Recently some readers voiced concerns that the 100 Revs – a group of Christian clergy who’ve signed an apology for the past treatment of GLBT people by their churches – were an inappropriate entry in the Mardi Gras parade and that the group should not be welcomed because of the biblically based reservations of some of the signees.

Considering the persecution of sexual minorities by religious authorities throughout the past 2,000 years – a persecution that is endured by many of us in our own lifetimes and that continues in very real ways overseas to this day – such concerns are understandable.

However, I think it’s fundamentally important that we embrace this group and accept their apology in the spirit that it is offered.

Having read the statement, I too wish it was wider in scope – for example, not just apologising for being “profoundly unloving” and unwelcoming, but also for Christian support for unjust laws over the years. But I understand the signees come from a wide variety of denominations and viewpoints and a form of words had to be found that represented a consensus.

And ironically it’s the source of some people’s concerns that makes this apology so important – many of those who’ve signed are from staunchly conservative denominations or from the conservative wings of their churches.

Many are taking considerable flak for standing up and being counted, with some facing denominational dismissal or disciplinary action, while others have been attacked and condemned by other Christians online. Fred Nile and the Salt Shakers have been particularly vocal in their condemnation.

But as much as it will annoy some to hear it, our journey to equality will never be over until our community is accepted as part of the mainstream of Australian society. That doesn’t mean assimilation, it means integration – where two things grow together.

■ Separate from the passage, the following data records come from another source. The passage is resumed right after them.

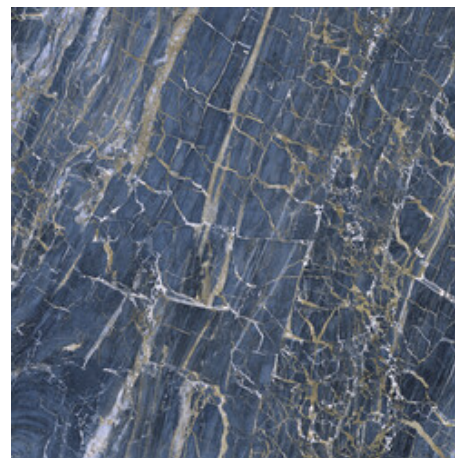

**120x260 Rc / 48"x103"**

**BLUE PULIDO 120X260 RC**

G.199 | Poliert | Eingefärbtes Feinsteinzeug  
Begradigt.

**WHITE PULIDO 120X260 RC**

G.199 | Poliert | Eingefärbtes Feinsteinzeug  
Begradigt.

**120x120 Rc / 48"x48"**

**BLACK PULIDO 120x120 RC**

G.157 | Hochwertige Politur | Neutrale Scherben  
Begradigt.

**WHITE PULIDO 120x120 RC**

G.157 | Hochwertige Politur | Neutrale Scherben  
Begradigt.

**BLUE PULIDO GRANILLA 120x120**

**RC**  
G.157 | Hochwertige Politur | Neutrale Scherben  
Begradigt.

**60x120 Rc / 24"x48"**

**BLACK PULIDO GRANILLA 60x120**  
**RC**

G.155 | Hochwertige Politur | Neutrale Scherben  
Begradigt.

**BLACK PULIDO 60x120 RC**

G.155 | Hochwertige Politur | Neutrale Scherben  
Begradigt.

**BLUE PULIDO GRANILLA 60x120 RC**

G.155 | Hochwertige Politur | Neutrale Scherben  
Begradigt.

**WHITE PULIDO GRANILLA 60X120**

**RC**

G.155 | Hochwertige Politur | Neutrale Scherben  
Begradigt.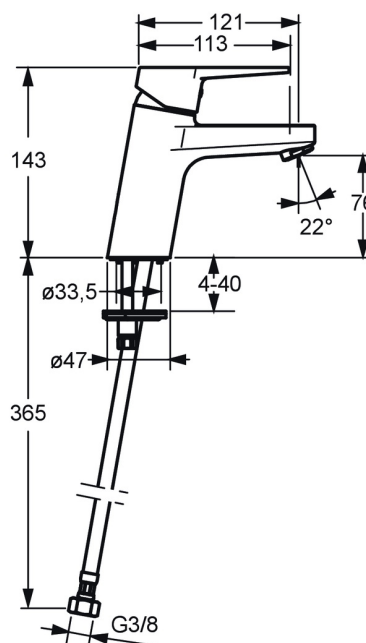

EAN: 4015474259720
static.hansa.com/09052283

- Umyvadlo
- Jednopáková
- Stojánková
- Chrom
- Pevné výtokové rameno
- PCA® aerátor s konstatním průtokovým množstvím nezávislým na změnách tlaku
- Páka se symboly teplé a studené vody, Jedna ovládací páka / rukojeť
- Funkce pro nastavení maximální teploty a průtoku vody, Nastavitelný omezovač teploty vody (součástí dodávky, možnost dodatečné instalace)
- \varnothing 35 mm keramická kartuše pro ovládání teploty a průtoku vody
- Flexibilní připojovací hadice
- Tělo baterie z mosazi DZR, Montážní systém Rapid
- Bez odpadní soupravy, Bez otvoru na táhlo

Technické údaje

Vlastnosti průtoku

Průtokové množství při 3 bar (s regulátorem průtoku)	6.0 l/min
Tlaková ztráta při průtoku (0,1 l/s)	2 bar

Technické vlastnosti

Velikost DN (jmenovitý rozměr)	DN15
Zdroj teplé vody	max. +70°C
Pracovní tlak	1-10 bar
Velikost přípojky	G3/8
Projection	121 mm
Zabezpečení proti zpětnému toku (ČSN EN 1717)	AA
Materiál	Mosaz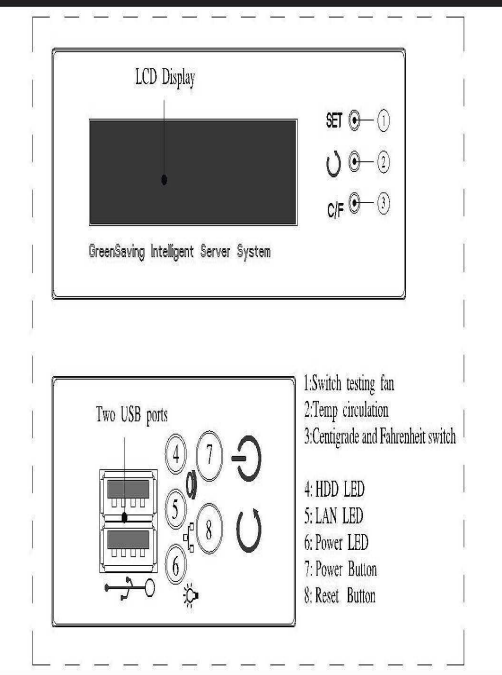

Chassis Quick Manual

机箱快速安装手册 机箱快速安装手册
シャシー快速搭載マニュアル

G1320 1U MicroATX EnergySaving Server Chassis

節電や省電力技術を備えたラックマウントサーバー
智能型节能省电工控机箱 智慧型节能省电工控机箱

Major Mechanism / 机箱主要結構 / 主なシャシー筐体

Cooling Fans / 散熱風扇 / 冷却ファン

I/O front access / I/O前置式 / I/Oフロントアクセス

USB wiring harness / USB出線定義圖

Control Panel / 前面板控制介面 / フロントパネル装置

Rear View / 後视图 / 後ろ図面

EnergySaving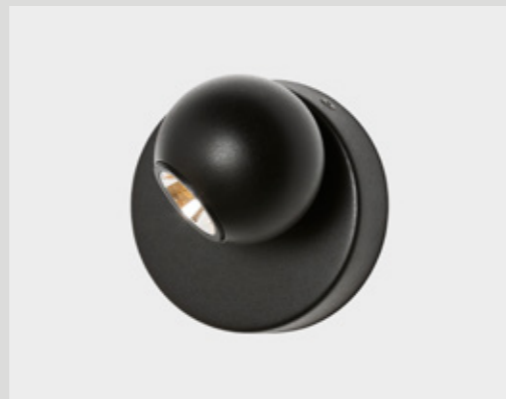

More technical specs:
Dimming possibilities,
canopies and RAL finishes.

COM_4074S

LED 6,2W
(2700K) Typ* 625 lumens
(3000K) Typ* 652 lumens
Dimmable triac

*Optional dimming available

COM_R21S2

LED 2x6,2W
(2700K) Typ* 2x625 lumens
(3000K) Typ* 2x652 lumens
Dimmable triac

*Optional dimming available

Compositions

COM_R21S6

COM_R21S4

COM_4077

LED 3W
(2700K) Typ* 300 lumens
(3000K) Typ* 330 lumens
Push button dimmer
on the cord

COM_4078

LED 3W
(2700K) Typ* 300 lumens
(3000K) Typ* 330 lumens
Push button dimmer
on the cord

COM_4079

LED 6,2W
(2700K) Typ* 625 lumens
(3000K) Typ* 652 lumens
Push button dimmer
on the cord

Finishes

- 26 BLACK MATT
- 55 BEIGE
- 59 TERRACOTTA

→ **Index**

And having groups like the 100 Revs, Surf Life Savers, the defence forces and the police in our parade shows homophobic Australia that it is we who are becoming a part of that mainstream while they are slipping into the fringe.

For those of us who are atheists or have been burned on the way out of Christianity, it may be hard to understand why conditional apologies, or apologies from those who still have reservations, should be accepted.

But shifts like this will mean enormous things for gay Christians, GLBT kids growing up in Christian homes, and for others whose adult relationships with friends and family are strained by religious-based prejudices.

For that reason, in this case it is we who should turn the other cheek.